Further, according to the invention of claim 2, a predetermined air pressure is applied to the nozzle storing the sealant from an external air source to discharge the sealant onto the substrate to be coated. In a sealant drawing method of drawing a sealant in a desired pattern on the substrate to be coated, the discharge of the sealant is stopped by applying a vacuum pulse to the nozzle immediately before the corner at the corner of the drawing pattern. Then, the application is interrupted, and immediately after the corner portion, a high-pressure air pulse is applied at a pressure higher than the predetermined pressure to start the discharge of the sealant, and the application is restarted, and then the predetermined air pressure is applied. According to the above, the amount of the sealant coating required for bonding the corner portion is controlled.

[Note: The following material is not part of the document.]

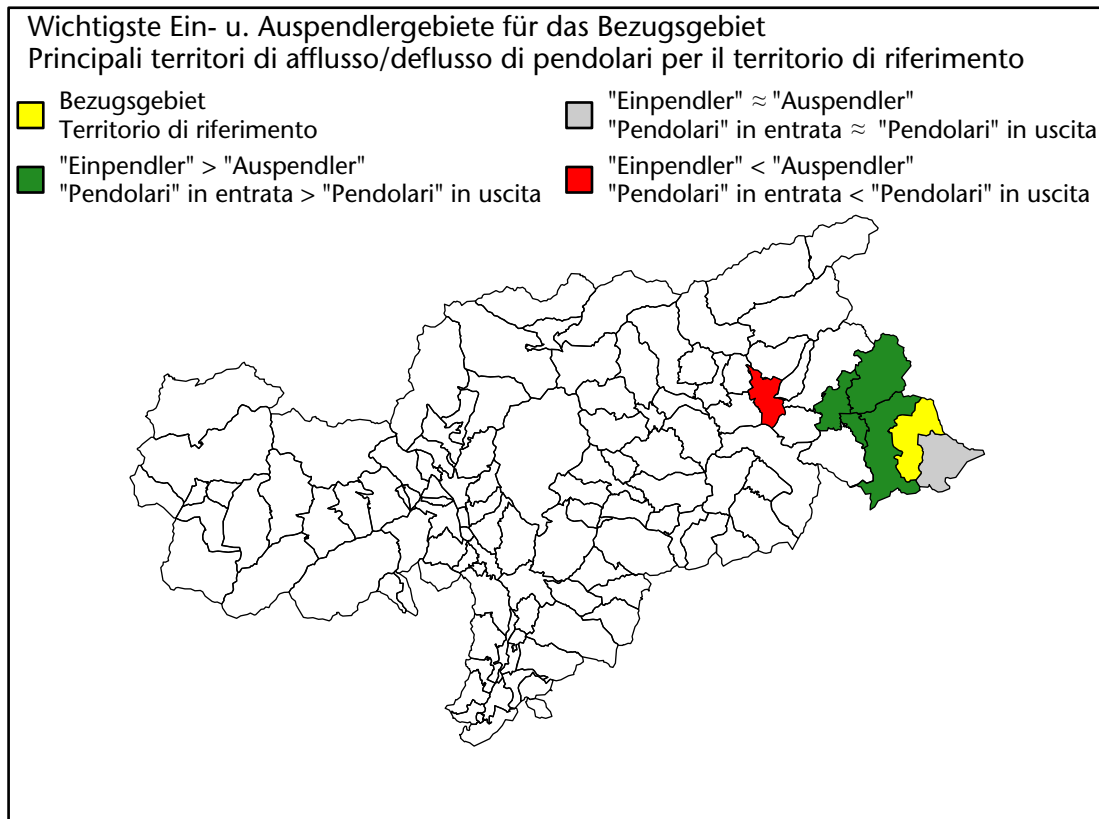

Arbeitsmarkt in der Gemeinde Innichen - 2018

Mercato del lavoro nel comune di S.Candido - 2018

mit Veränderungen zum Vorjahr - con variazioni rispetto all'anno precedente

Further, according to the invention of claim 3, a predetermined air pressure from an external air source is applied to the nozzle storing the sealant to discharge the sealant onto the substrate to be coated. In a sealing agent drawing method for drawing a sealing agent in a desired pattern on the substrate to be coated, the pattern to be drawn is composed of a combination of two sealing agent application elements, a straight line and a dot.

According to a fourth aspect of the present invention, a predetermined air pressure is applied from an external air source to the nozzle storing the sealant, and the sealant is discharged onto the substrate to be coated. In a sealing agent drawing method for drawing the sealing agent in a desired pattern on the substrate to be coated, the pattern to be drawn is composed of a combination of two sealing agent applying elements, a straight line and a dot, and the sealing agent applying element is Control of the discharge amount of the sealing agent for application,
From the air source, a high-pressure air pulse higher than the predetermined pressure is input to the nozzle at the time of starting the application of the sealant, and a vacuum pulse is applied at the point where the application of the sealant is stopped. It is characterized in that it is performed by changing the gap between the substrate to be coated.

The present invention appropriately controls the discharge amount by the above-mentioned high pressure pulse and vacuum pulse, the discharge amount control by the change in the gap between the nozzle and the substrate to be coated, and the change in the relative speed between the nozzle and the substrate to be coated. By combining,
Various complicated patterns can be drawn.

[0026]

With the configuration of the invention of claim 1, there is no delay in applying the sealing agent at the start of applying the sealing agent, and
It is possible to prevent the discharge amount of the sealing agent from increasing at the sealing agent application opening stop point, and it is possible to perform substantially uniform application from the sealing agent application start point to the application opening stop point at a predetermined position.

According to the configuration of the invention of claim 2,
By controlling the coating amount of the sealing agent required for bonding the corner portion, it is possible to prevent the sealing agent from spreading in the corner portion and secure a coating area of the conductive paste to be separately coated in the corner portion.

Further, according to the configuration of the third aspect of the invention, the pattern of the drawing portion other than the straight line can be accurately formed.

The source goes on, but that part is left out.